══ Input material

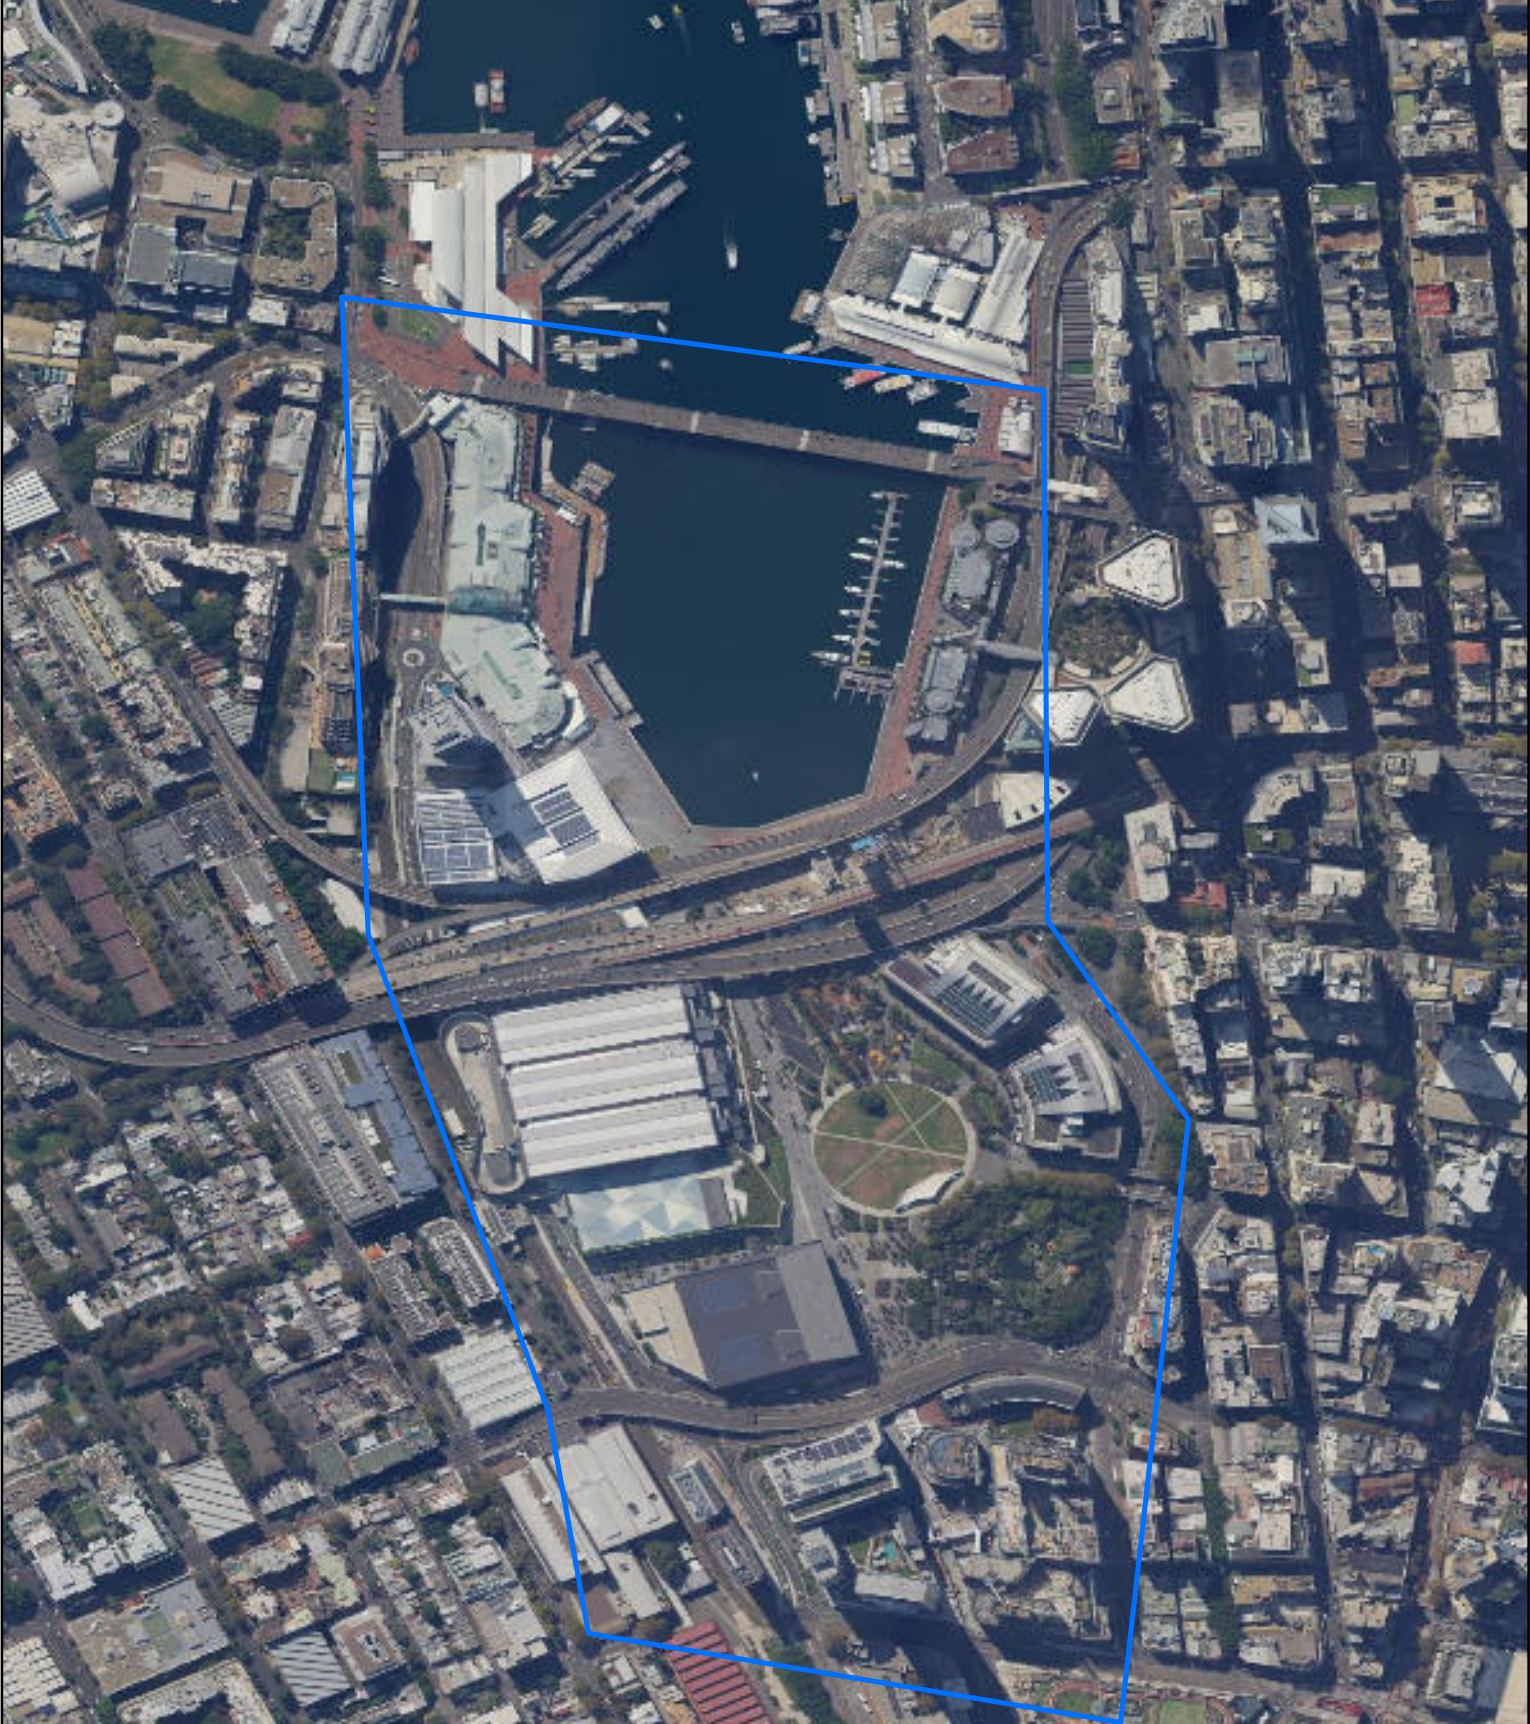

Darling Harbour - Advertising Controlled Site Map

FIFA Women's World Cup 2023 Darling Harbour

0 75 150 225 300 375

Metres

Spatial Services
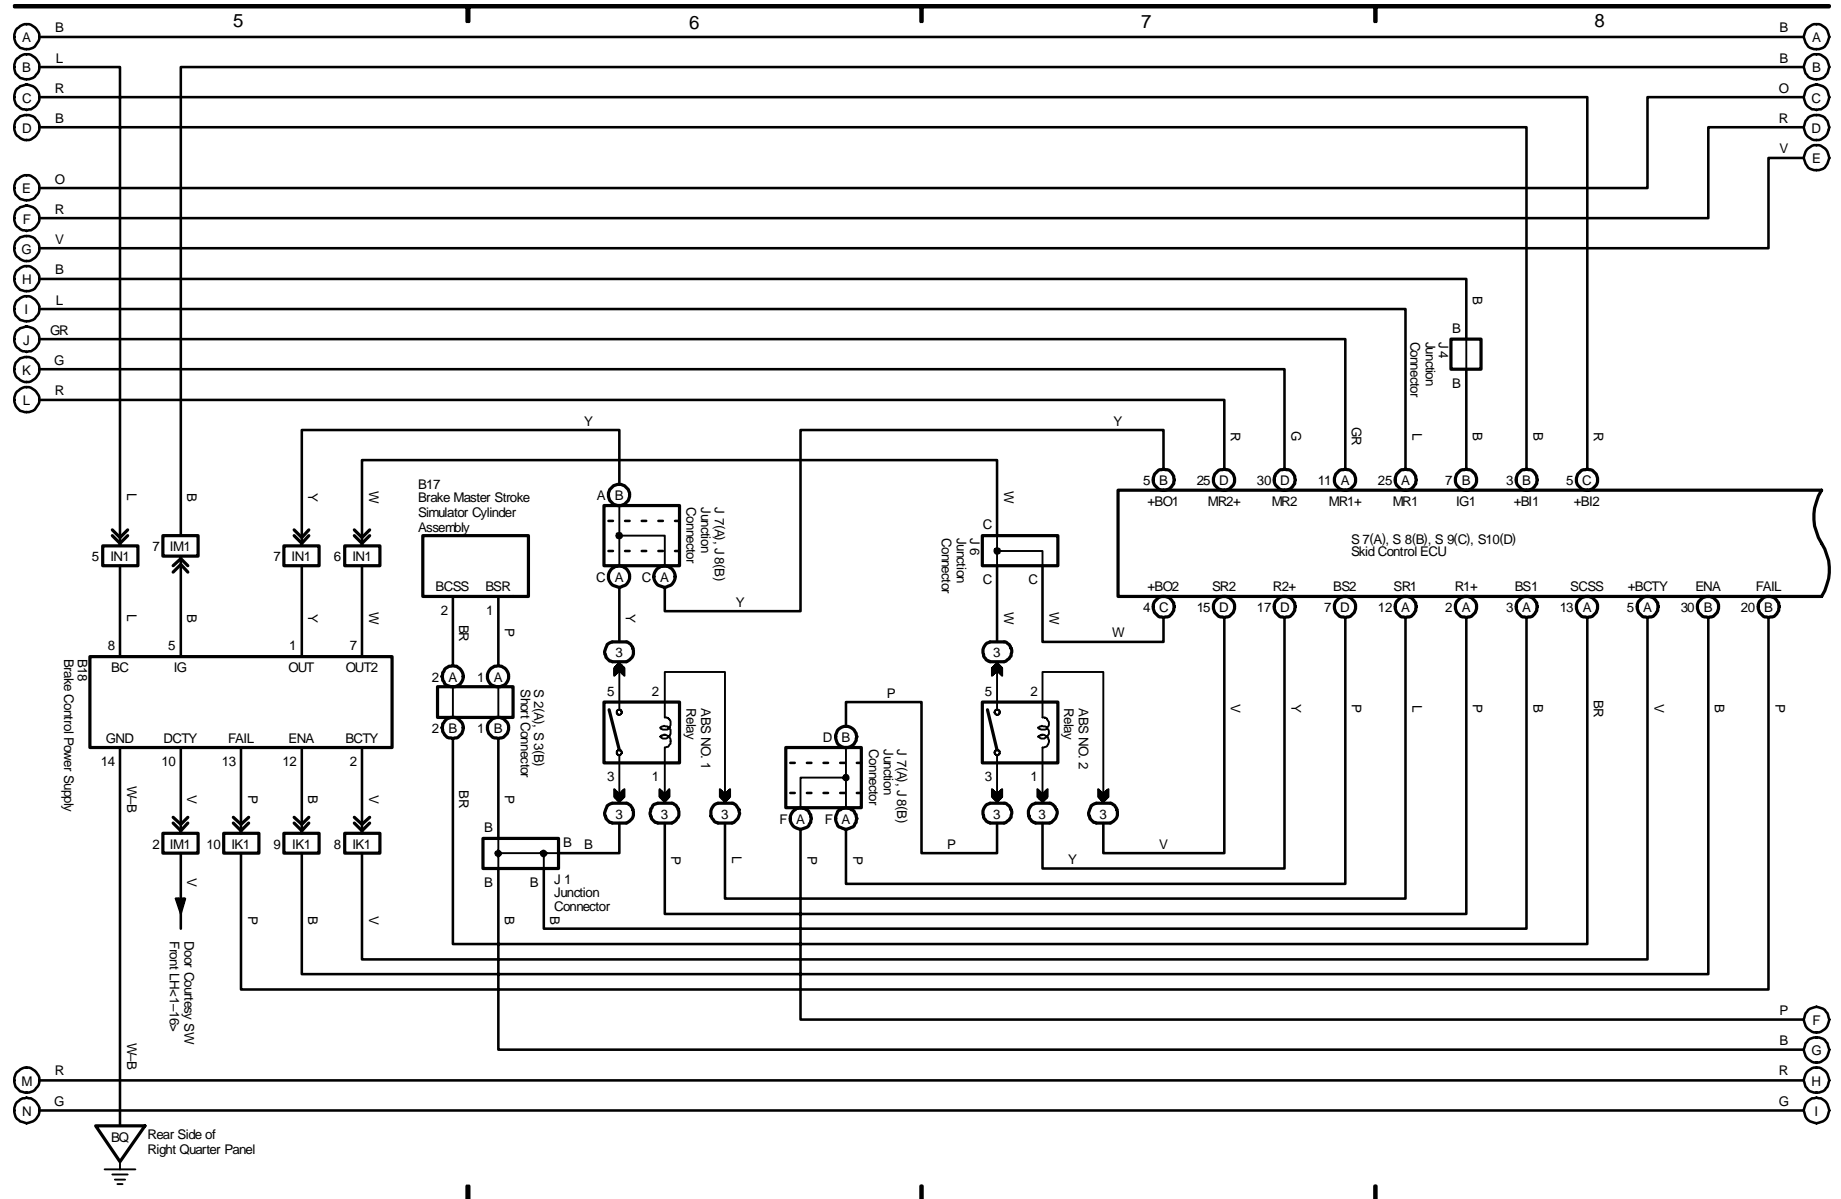

Brake Control System

2004 PRIUS (EWD555U)
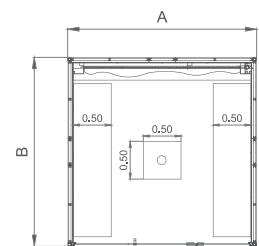

### SUTRA

CODE	73937	73938	73939	73940
Dimensions A-B (cm)	250x200x220	250x250x220	300x250x220	300x300x220
Ice Wall	2,5m	2,5m	2,5m	2,5m
Power	1,85 kW	1,85 kW	1,85 kW	1,85 kW
Control	Touch screen			
Wall finishes	White solid surface			
Bench finishes	Kairos Porcelain			
Accessories finishes	Matte Black			
Ceiling	Black methacrylate			
Lighting	Warm white perimeter LED on ceiling and under benches			
Accessories included	Ice Fountain roof + container			
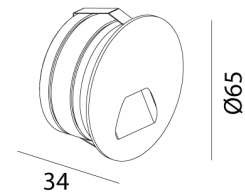

## Rise Step Light

by Arcolight

The Rise Step Light exemplifies bold design and technical innovation. Rated IP65 for exterior applications and equipped with a dimmable 3W LED. Minimalist contemporary design available in textured black or white finish in round and square with two fascia options. Rise Step Light is part of the Arcolight collection of premium architectural lighting. Curated by Studio Italia.

### Product Dimensions

⊕  
Cutout (Sleeve): 55mm  
Cutout (Fitting): 57mm  
⚙ 5-25mm

<b>Materials</b>	Aluminium	<b>Source</b>	3W LED	<b>Colour Temp</b>	3000K
<b>Output</b>	140lm	<b>CRI</b>	90	<b>Emission</b>	45 degree beam
<b>IP Rating</b>	IP65	<b>Dimming</b>	PHASE CUT	<b>Notes</b>	24V Remote driver required
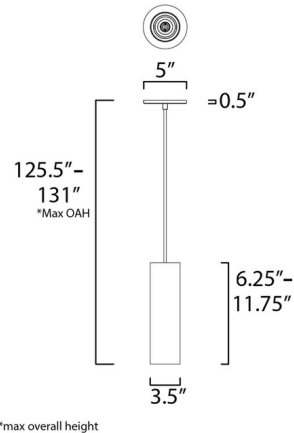

By Et2

Description

The Dwell Pendant is a classic cylinder pendant of White with a unique feature, the bottom is gimbaled to allow the light to be adjusted 30 degrees to direct the light where you want it. Available in two heights. Mix and match the heights or hang in a grouping to create your own unique look. Includes 120 inches of field cuttable cord. Dimmable with LED compatible dimmer, sold separately. Suitable for slope ceiling up to 70 degrees. Canopy: 5 inch diameter x .50 inch height. ETL listed.

Specifications

COLOR	N/A
BODY FINISH	White
WATTAGE	7W
DIMMER	Low Voltage Electronic
DIMENSIONS	3.5"W x 6.25"H
BULB INCLUDED	1 x MR16/GU10/7W/120V LED

Technical Information

PRODUCT DIMENSIONS	Min/Max Overall Height: 8.25" - 125.5"
LAMP LIFE	25000 hours
COLOR RENDERING	90 CRI
LAMP COLOR	3000K
LUMENS/WATT	64.29
LUMINOUS FLUX	450 lumens

Shown in white

CLICK TO VIEW PRODUCT

Notes:
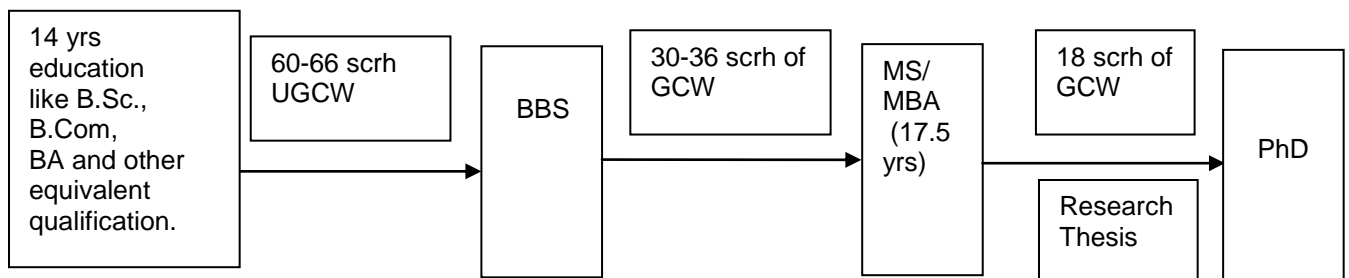

# Roadmap for Business Education

Semester Credit Hour-----scrh  
Undergraduate Coursework-----UGCW  
Graduate Coursework-----GCW

## Notes:

30-36 Graduate Coursework for MS/MBA includes compulsory 6 credit hours of research thesis in case of MS and research/field project in case of MBA. (A consensus was reached in previous meetings that research thesis is compulsory for MS and can't be substituted with two courses. In case of MBA the project may be substituted with two courses.
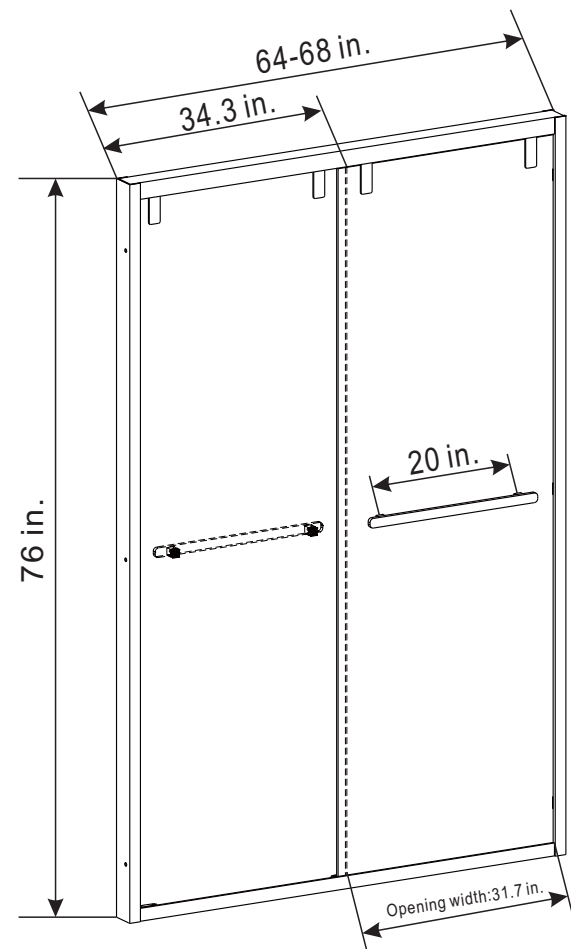

INSTALLATION SPECIFICATION

Item No.	307068-BP-BN
Description	By-pass
Overall Dimensions	68"X76"
Installation Size Range	64"-68"
profile Color	Brushed Nickel
Glass Thickness	8/25"
Glass Color	Transparent&Easy clean
Gross Weight	167LBS
Certifications	ANSI Z97.1-2015

Brescia
By-pass

All measurements are approximate. Measurements may vary +/- 1/25".
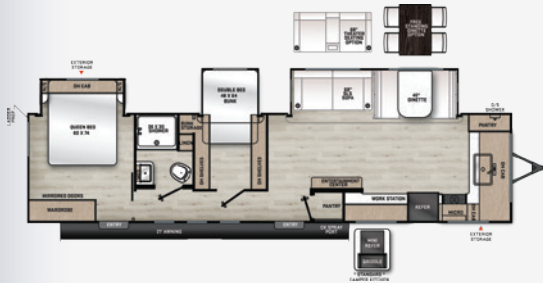

AURORA 33FKTS

DRY WEIGHT: **TBD** EXT. LENGTH: **TBD**
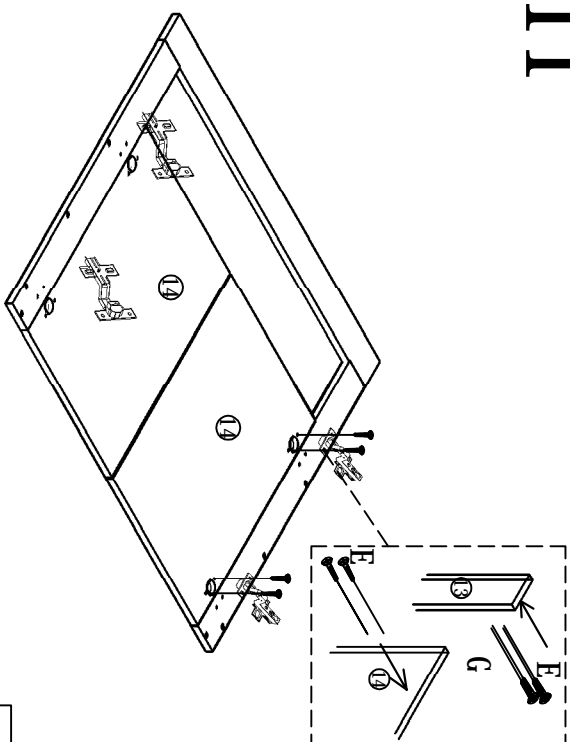

10

A		*4

11

E*4 G*24

E		*4
G		*24

12

A		*15
C		*2

13

F		*1
G		*12
J		*12
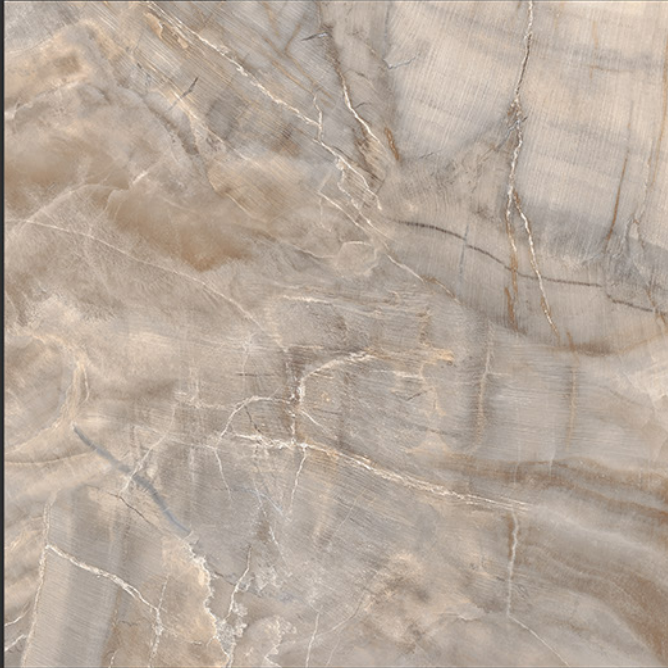

IMPALA DARK
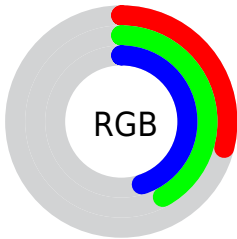

Distribution

- Red (29%)
- Green (42%)
- Blue (45%)
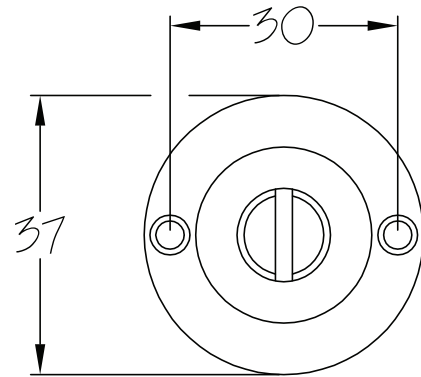

Web: www.suffolklatchcompany.co.uk
Email: info@suffolklatchcompany.co.uk
Tel: 01787 277277

Suffolk Latch Company Ltd
Unit B
Clare
Suffolk
CO10 8QD

Scale: 1:2

SKU: UK-B115-AT/PB

Date: 05/09/2017

Drawn By: Carl Benson

Product Name: Bathroom Turn & Release

Material / Colour: Brass/ Antique Brass & Polished Brass

Pack Content: 1 x Turn, 1 x Indicator & Release, 4 x Slotted Wood Screws.

Suffolk Latch Co
suffolklatchcompany.co.uk

════

What you have to do: Tally the lines in the records above that contain the word "Wall". Write the number and nothing else.

Solution for this problem: 2